By Andrew Chung and Lawrence Hurley
Republicans challenging court-drawn congressional district maps in North Carolina and Pennsylvania have asked the conservative-majority U.S. Supreme Court to embrace an esoteric legal theory that could give politicians far greater power over elections.
The cases, filed using the court’s emergency “shadow docket” that can allow it to act quickly and without the public deliberation that is a staple of major cases, seek to advance the “independent state legislature doctrine,” a little-known legal theory that could limit the ability of state courts to impose new maps.
The 6-3 majority conservative court is considering the Republicans’ emergency requests to block lower court decisions that approved electoral maps for U.S. House of Representatives races replacing ones drawn by the Republican-led legislatures in the two states, where primary elections take place on May 17. The court, which has been increasingly assertive in taking up contentious cases, could act within days.
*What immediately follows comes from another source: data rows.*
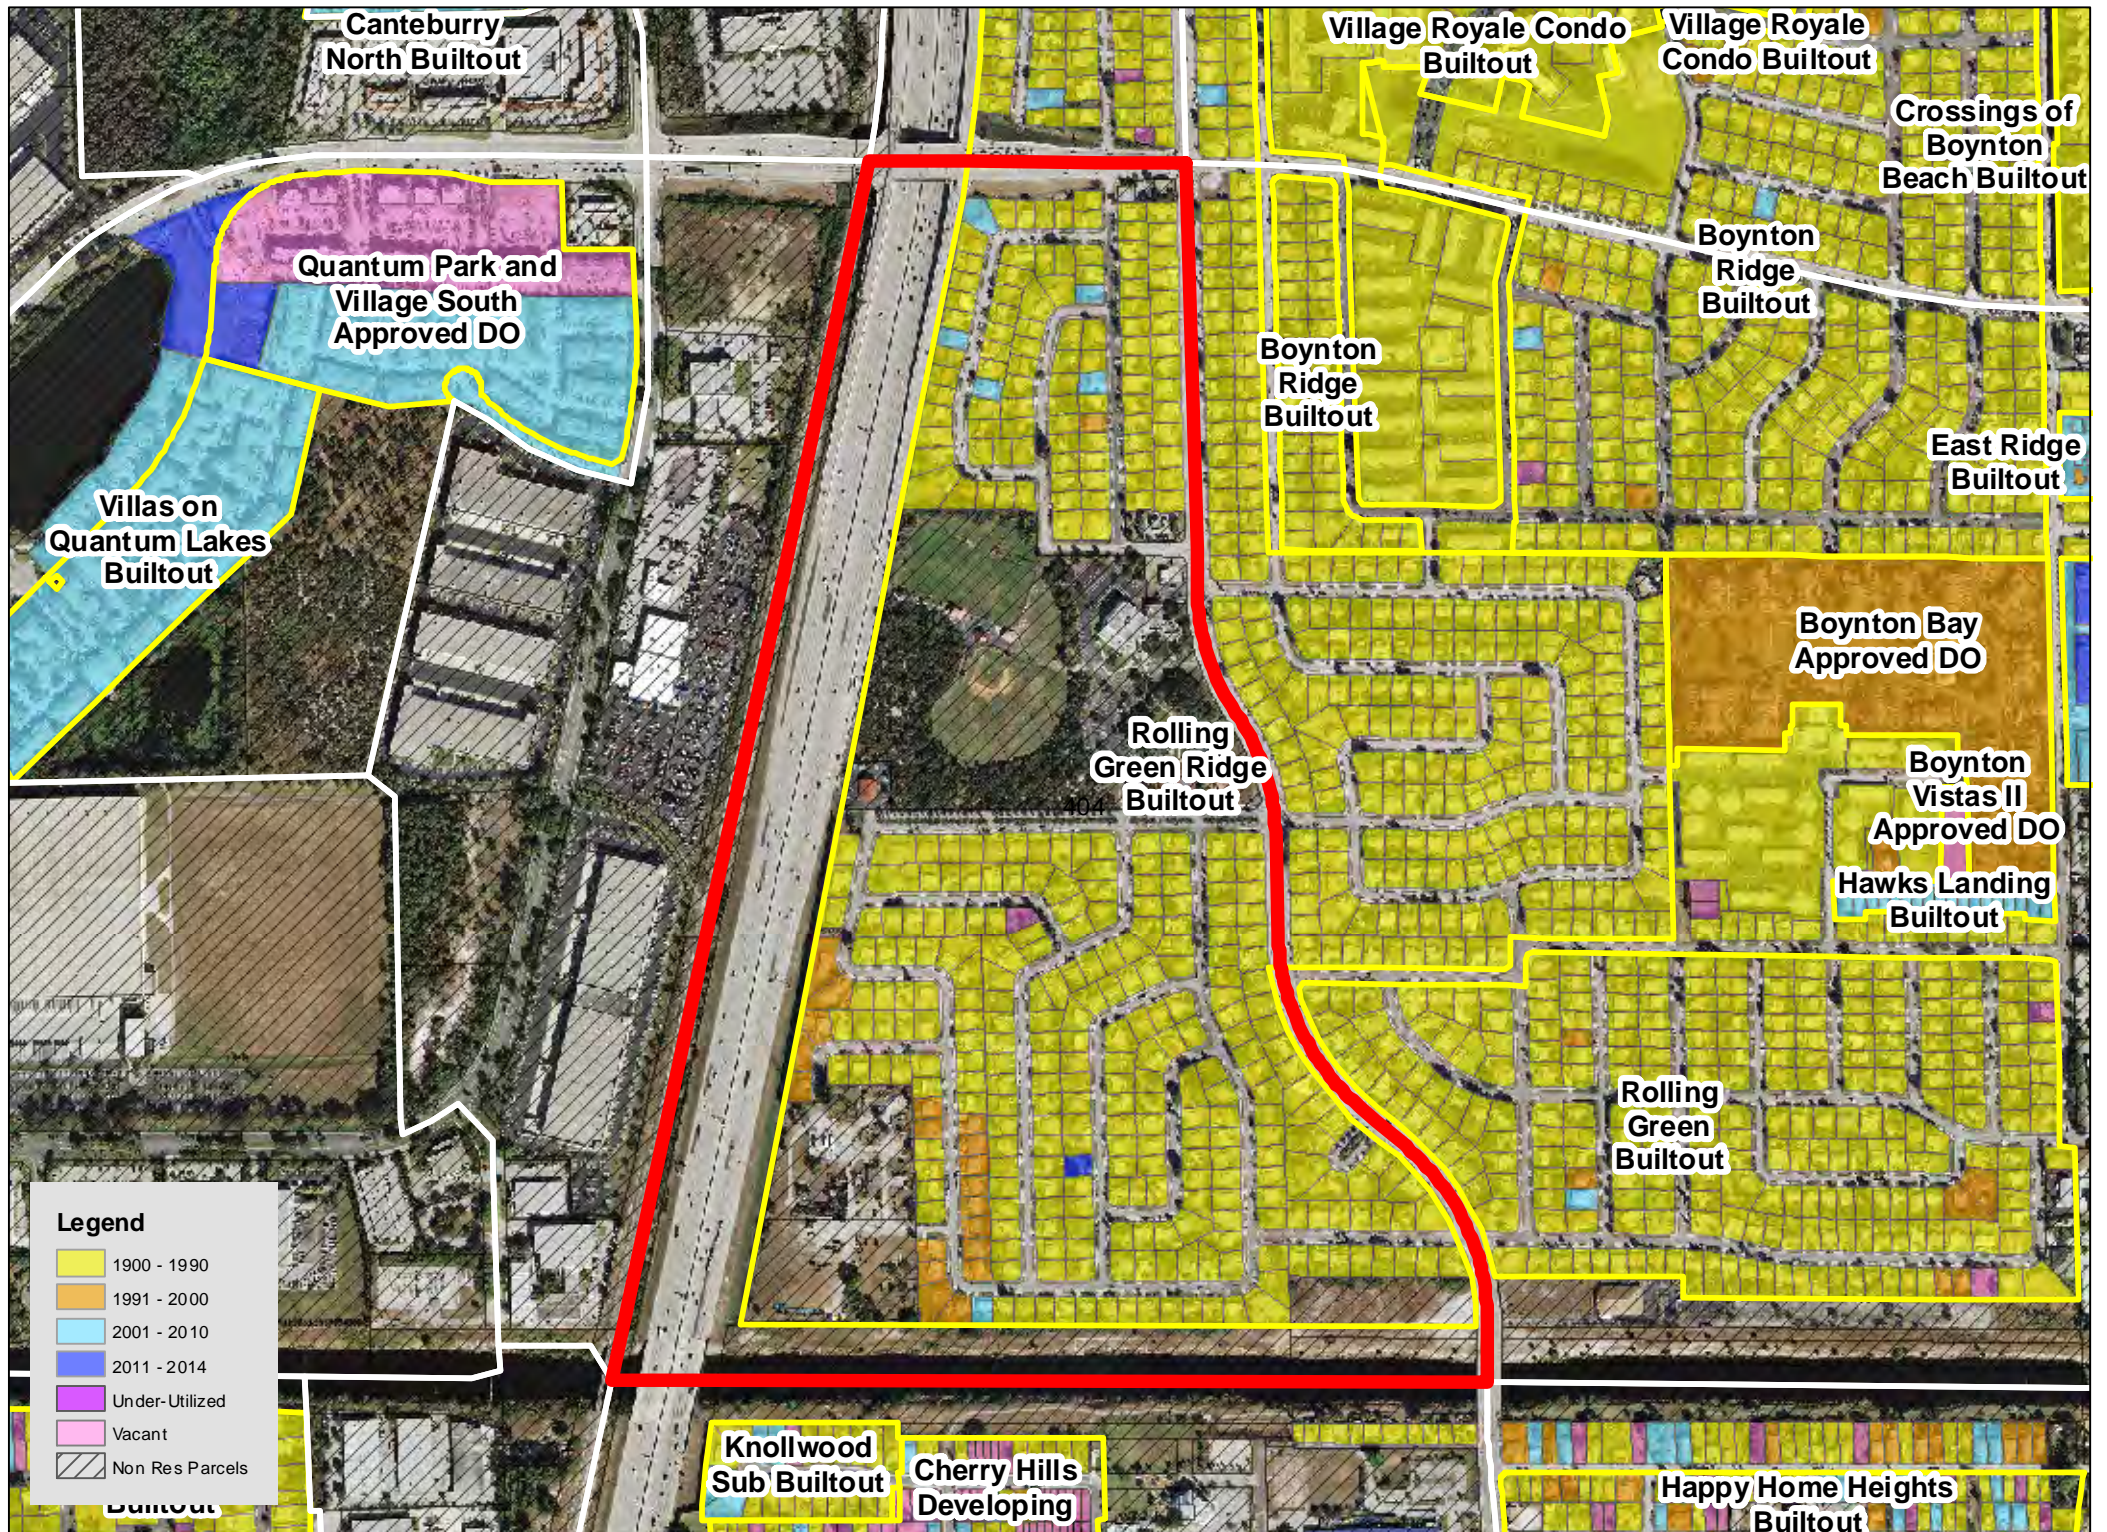

TAZ 402

TAZ 403

TAZ 407

TAZ 416

TAZ 453

TAZ 455

TAZ 480

TAZ 485

Legend

| | |
|------------|-----------------|
| Yellow | 1900 - 1990 |
| Orange | 1991 - 2000 |
| Light Blue | 2001 - 2010 |
| Dark Blue | 2011 - 2014 |
| Purple | Under-Utilized |
| Pink | Vacant |
| Hatched | Non Res Parcels |

TAZ 594

Patch Reef
Estates
Builtout

Millpond Timbercreek
Builtout

Legend

- 1900 - 1990
- 1991 - 2000
- 2001 - 2010
- 2011 - 2014
- Under-Utilized
- Vacant
- Non Res Parcels

Boca Raton
Bath & Tennis
Club Builtout

TAZ 640

TAZ 651

Boca Raton
Square
Buitout

TAZ 718

TAZ 744

TAZ 746

TAZ 747

TAZ 750

In the North Carolina case in particular, the Republican challengers place front and center the theory that the U.S. Constitution gives state legislatures, and not other entities such as state courts, the power to set rules governing elections, including where district lines are drawn.
“They’re very aggressive because they are asserting that legislatures when they are engaged in congressional redistricting are essentially immune from all state law,” said Paul Smith, the senior vice president at Campaign Legal Center, a non-partisan voting rights organization.
Critics say the independent state legislature doctrine flouts democratic principles because it could limit the ability of courts to block electoral districts designed to entrench one political party in power, known as gerrymandering.
EMPOWERS PARTISANSHIP
The doctrine could also stymie challenges on issues such as voter identification, mail-in ballots and drop boxes, which Republicans have sought to restrict in a number of states, and factor into lawsuits that arise in the heat of an election.
“It’s dangerous because state politicians are the people most interested in crafting the rules of the game to help themselves and their side continue to win,” said Josh Douglas, a voting rights expert at the University of Kentucky Rosenberg College of Law.
In most states, lawmakers control the process of redrawing their congressional maps every 10 years after the U.S. Census has been taken. The Supreme Court in 2019 said federal courts are powerless to intervene to prevent partisan gerrymandering.
Republicans need to flip only a handful of seats in November’s midterm elections to recapture control of the U.S. House and hinder much of Democratic President Joe Biden’s legislative agenda.
The doctrine, which is gaining traction in conservative legal circles, is based in part on language in the U.S. Constitution that the “times, places and manner” of federal elections “shall be prescribed in each State by the Legislature thereof.”
The Republican challengers are pressing the theory at a time when the Supreme Court seems more receptive to it.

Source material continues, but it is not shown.